Reputation: 28364
I'm writing a multi-threaded Java web crawler. From what I understand of the web, when a user loads a web page the browser requests the first document (eg, index.html) and as it receives the HTML it will find other resources that need to be included (images, CSS, JS) and ask for those resources concurrently.
My crawler is only requesting the original document. For some reason, I can't get it to scrape more than 2 to 5 pages every 5 seconds. I'm spinning up a new thread for every HttpURLConnection I am making. It seems like I should be able to be at least scraping 20-40 pages per second. If I try to spin up 100 threads I get I/O exceptions like crazy. Any ideas what's going on?
Upvotes: 2
Views: 968
Reputation: 32335
It would be a good idea to look at your code as you might have done something slightly wrong and that breaks your crawler, but as a general rule of thumb doing asynchronous IO is far superior then the blocking IO that HttpURLConnection offers. Asynchronous IO allows you to handle all of the processing in a single thread and all the actual IO is done by the operating system on its own time.
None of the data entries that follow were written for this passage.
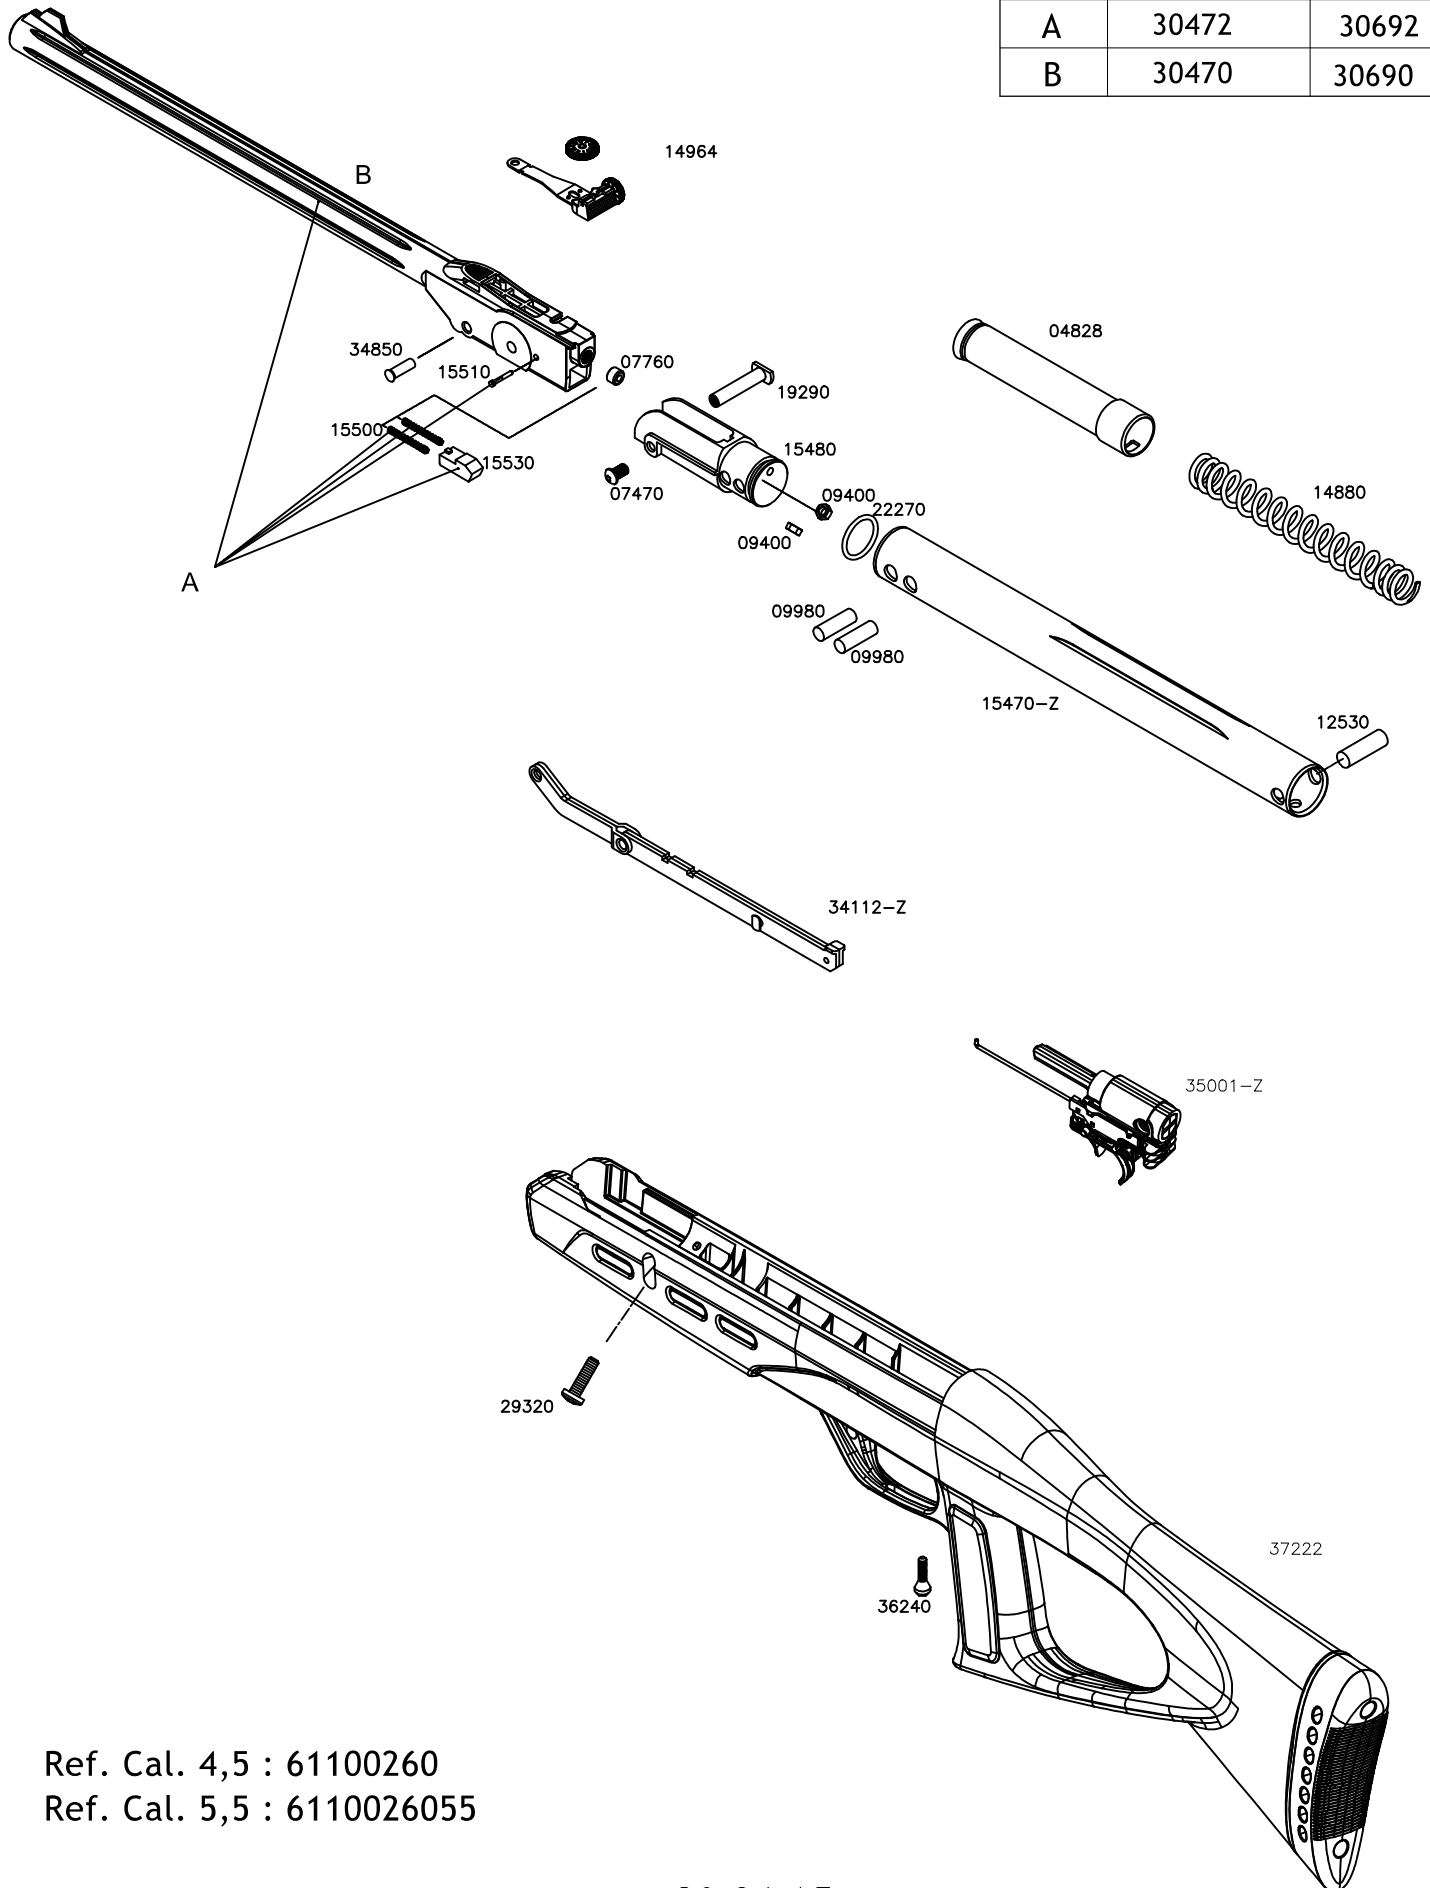

DELTA FOX GT

Ref.	Cal. 4,5	Cal. 5,5
A	30472	30692
B	30470	30690

Ref. Cal. 4,5 : 61100260
 Ref. Cal. 5,5 : 6110026055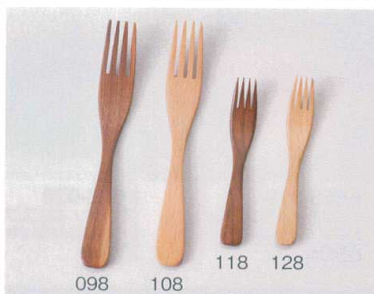

パンフレット番号	問合せ先	電話番号
20606-626	株式会社クイックパック	0564-59-3525

626 木製カトラリー Wooden Cutlery

洋陶単品

レンジ食器
スプーン
カップ

コーヒー
(和風)

コーヒー
(洋風)

コーヒー
(無地)

マグカップ

ポット
洋陶小物

楕円カトラリー

お玉
スプーン

ガラス製器

018 028 038 048

1626-018 ウォールナットカレースプーン 17.5×3.4cm CHN 1,150円
 1626-028 ナチュラルカレースプーン 17.5×3.4cm CHN 1,000円
 1626-038 ウォールナットスプーン 15.5×4cm CHN 1,150円
 1626-048 ナチュラルスプーン 15.5×4cm CHN 1,000円

058 068 078 088

1626-058 ウォールナットバターナイフ 17.5×2.7cm CHN 1,150円
 1626-068 ナチュラルバターナイフ 17.5×2.7cm CHN 1,000円
 1626-078 ウォールナットスプーン(s) 12.2×2.7cm CHN 1,000円
 1626-088 ナチュラルスプーン(s) 12.2×2.7cm CHN 850円

098 108 118 128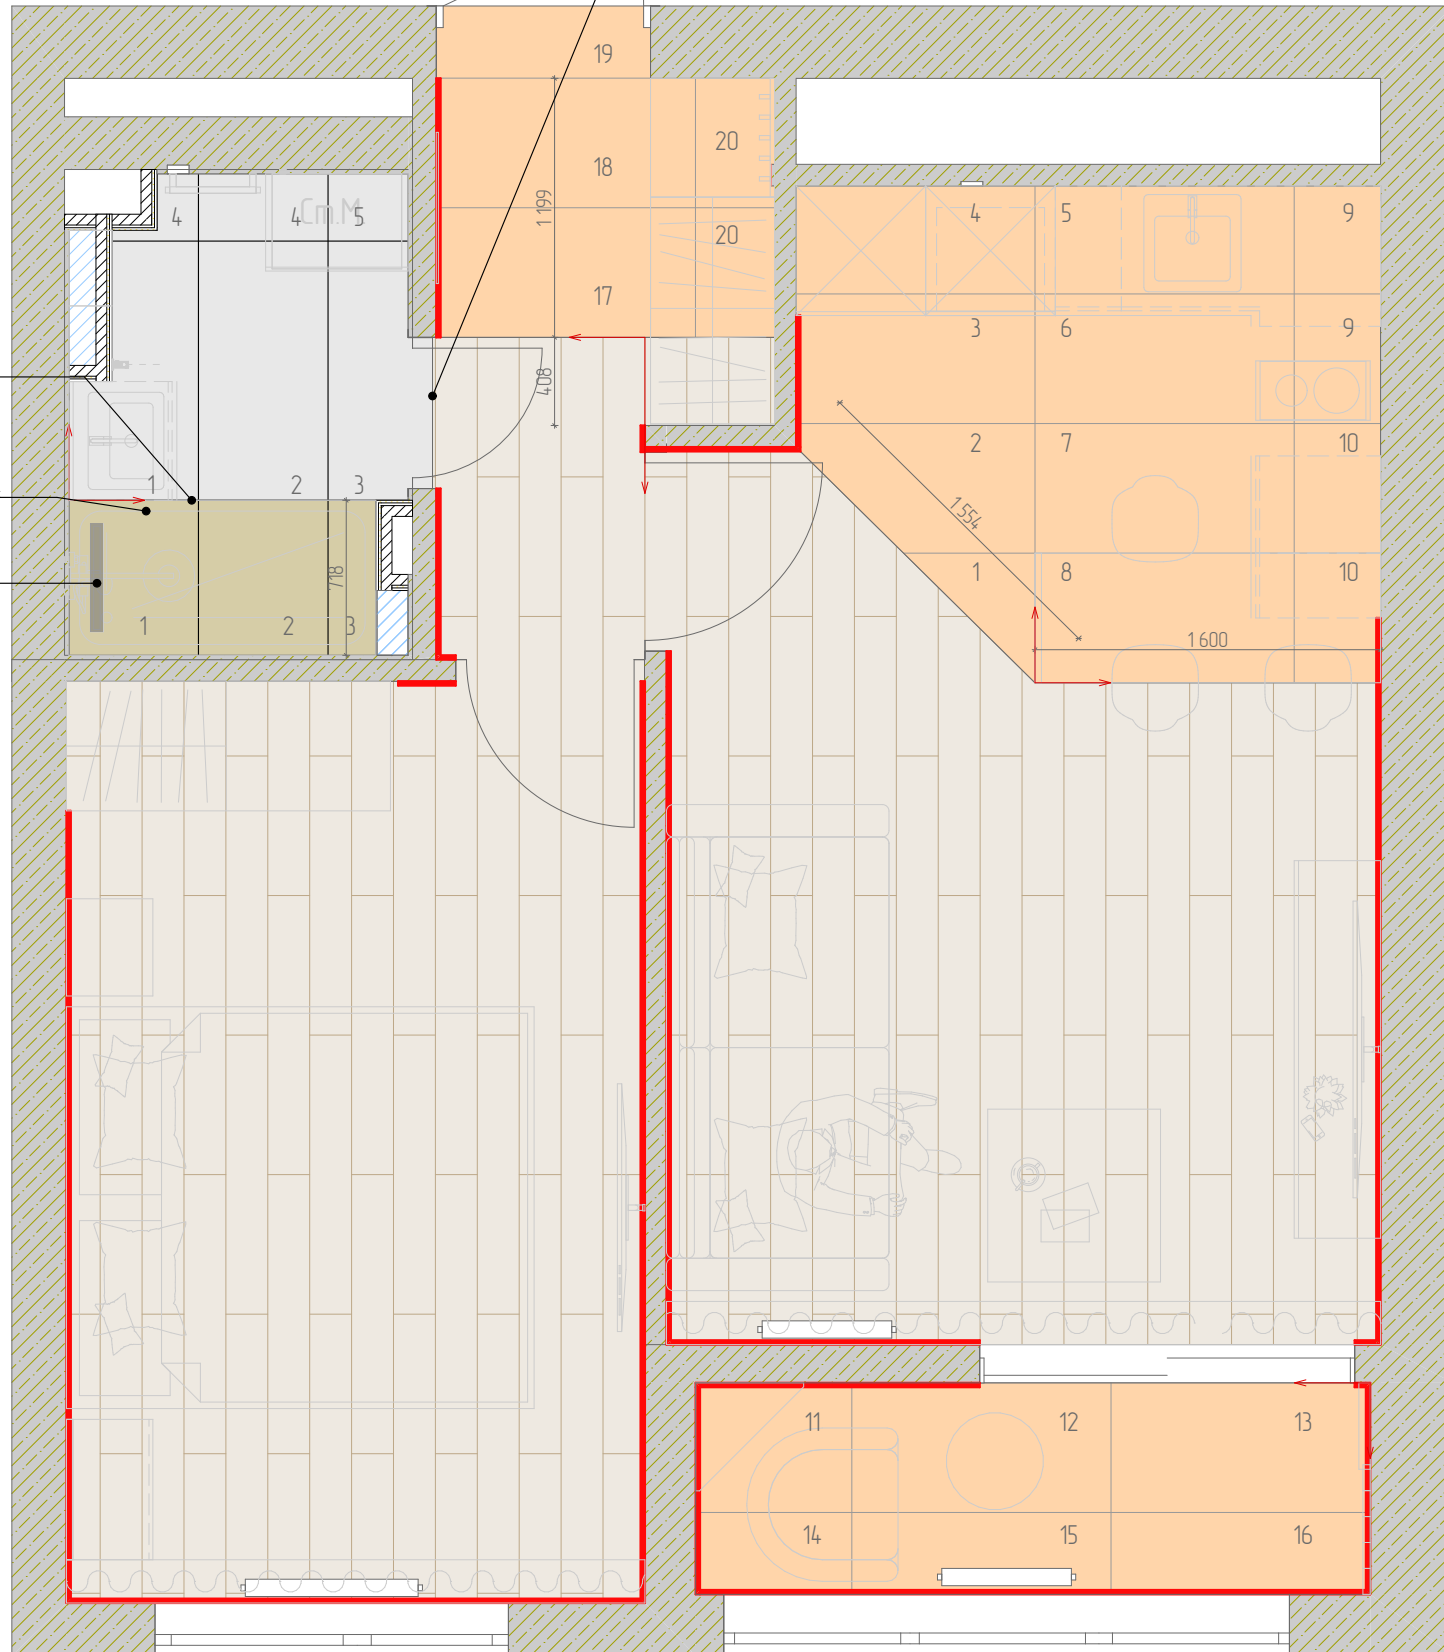

**УЗЕЛ 1**  
НИША С ПОЛКАМИ

Условные обозначения:

-  - СУЩЕСТВУЮЩИЕ СТЕНЫ
-  - ВОЗВОДИМЫЕ ПЕРЕГОРОДКИ ГКЛВ
-  - ВОЗВОДИМЫЕ ПЕРЕГОРОДКИ ГКЛВ
-  - ВОЗВОДИМЫЙ УЧАСТОК ДЛЯ ДУШЕВОГО ПОДИУМА

ДВЕРИ		
Маркер	Наименование	Размеры (проем)
ДВ-01	Входная дверь	922x2098 мм
ДВ-02	Межкомнатная дверь	700x2142 мм
ДВ-03	Межкомнатная дверь обратное открывание	922x2121 мм
ДВ-04	Межкомнатная дверь обратное открывание	876x2121 мм
ДР-05	Дверь раздвижная	1736x2400 мм

Швы пола и  
подиума должны  
совпадать

Монтаж душевого  
подиума, H=120мм,  
борт подиума обшить  
плиткой подиума

Монтаж  
душевого лотка,  
создать уклон  
в сторону слива

Ведомость напольных покрытий

For a good implementation of the HTTP protocol over asynchronous IO look at Apache's HTTP core. See an example of such a client here.
Upvotes: 1
Reputation: 341
Oh, and I hope you're close()ing your inputstreams that you get from the connections. They're getting closed in the finalizer of the Connection anyway, but that may easily be seconds later. I ran into that issue myself, so maybe that helps you.
Upvotes: 0
Reputation: 24447
The best count of threads or HttpUrlConnections depends on many factors.
Upvotes: 0
Reputation: 8586
Details on what -kind- of IOExceptions you're receiving might be handy. There are a few possibilities to consider.
Upvotes: 0